Les 4 profils d’acheteurs des frères Eisenberg

Lorsqu’on évoque le marketing et le copywriting, il est souvent question du buyer persona. Ce portrait-robot est censé représenter la clientèle cible de l’entreprise qui doit, dès lors, lui adresser toutes ses communications pour être efficace. Malheureusement, un élément manque souvent à ce portrait-robot : quel est le processus décisionnel de l’acheteur et quel est son besoin d’information pour parvenir à une décision ? C’est à ces questions que répondent les 4 profils d’acheteurs développés par les frères Eisenberg. Découvrez-les dans cet article.

Quels sont les tempéraments psychologiques à l’origine des 4 profils d’acheteurs ?

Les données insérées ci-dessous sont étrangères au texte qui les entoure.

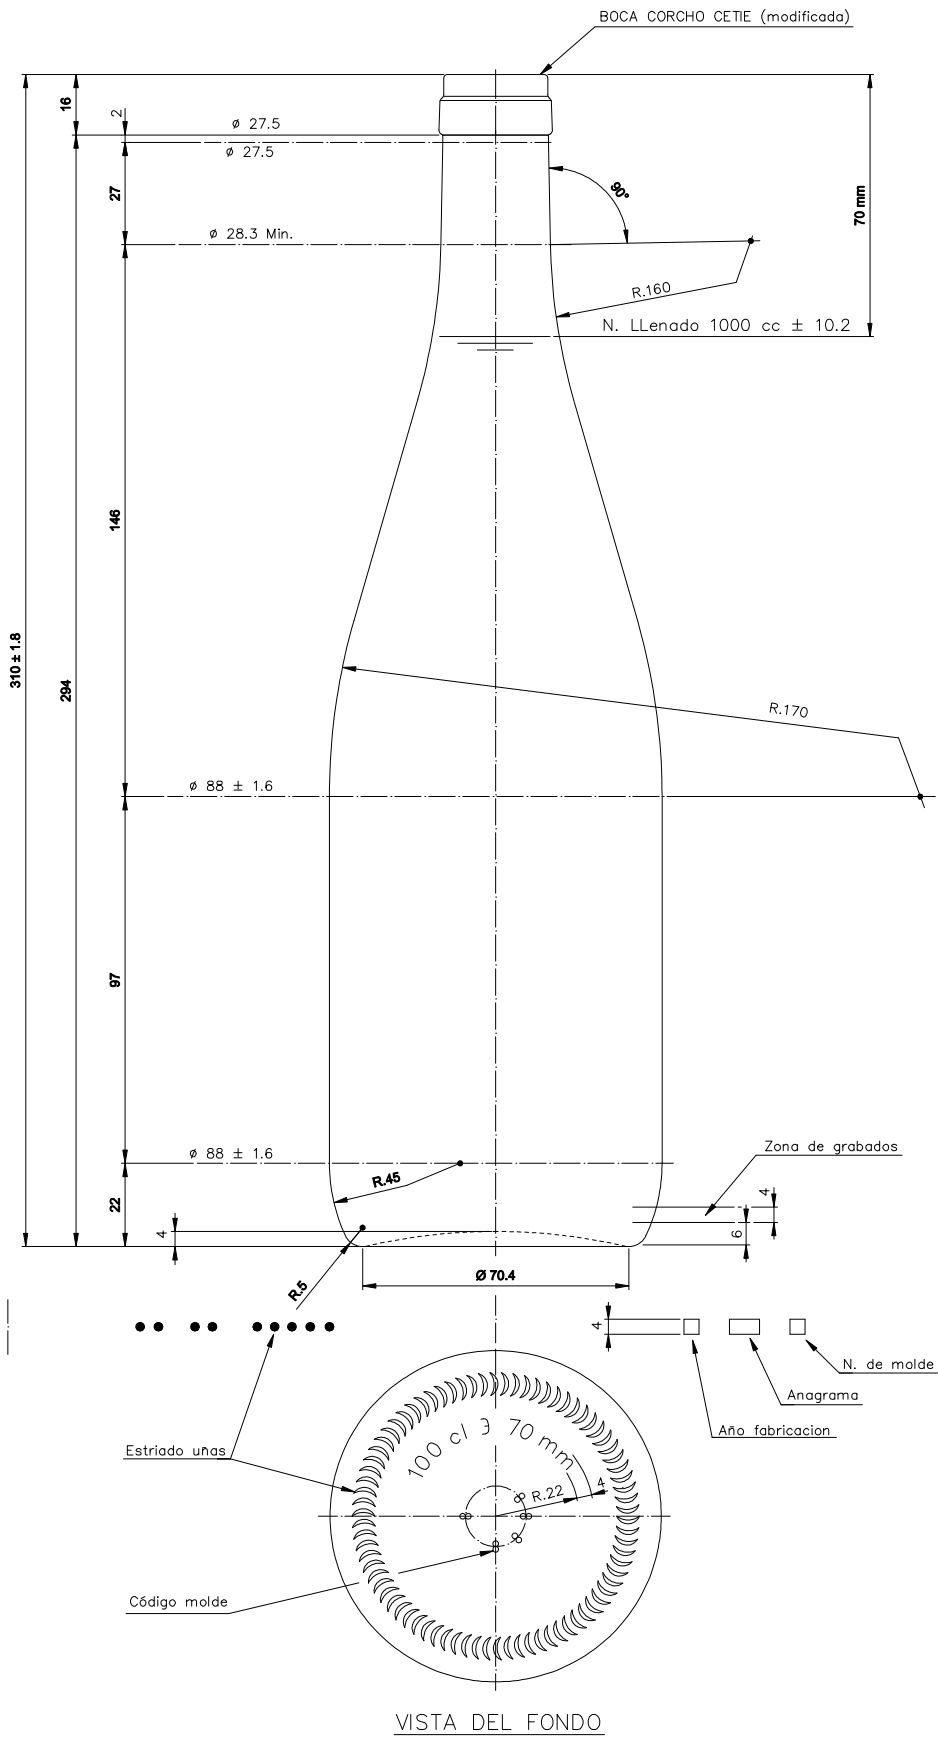

EUROPA 1 L

Características do produto

Código	1064/242
Capacidade	1000 ml
Boca	CORCHO CETIE
Cores	
Peso	400 gr
Altura Total	310.00 mm
Diâmetro	88.00 mm
Paquete	1.000 Unidades

VISTA DEL FONDO

				Peso aprox.: 400 gr	Dibujado: J. Ochoa	
				Capacidad n. llenado: 1000 cc ± 10.2 a 70 mm	Conforme:	
				Capacidad a verter: 1023 cc ± APROX	Fecha: 31-01-05	
				Recipiente medida: SI	Escala: 1:1	
				Resistencia choque térmico: 42 °C		EUROPA 1 L
11	Cambio de modelo de boca	31-01-05	J. Ochoa	Cámara expansión: %		
Ref	Modificación	Fecha	Firma	Carbonatación: Vol. CO ₂ máx	Conforme Cliente Fecha Firma	Modelo: 1064/242
<small>Este plano es propiedad de Vidrala y no puede ser reproducido ni utilizado sin previa autorización. Las cotas no toleradas son aproximadas.</small>				Ángulo de volcado: °		<small>ANULA: 5747-10 CAD: 5747-11P</small>

Les 4 profils d’acheteurs sont fondés sur les tempéraments psychologiques développés par David Keirsey :

NB : pour mieux comprendre ces acronymes, vous pouvez vous renseigner sur les 16 types de personnalité développés par Isabelle Briggs qui servent de fondement aux 4 tempéraments de David Keirsey.

Quels sont les 4 profils types d’acheteurs ?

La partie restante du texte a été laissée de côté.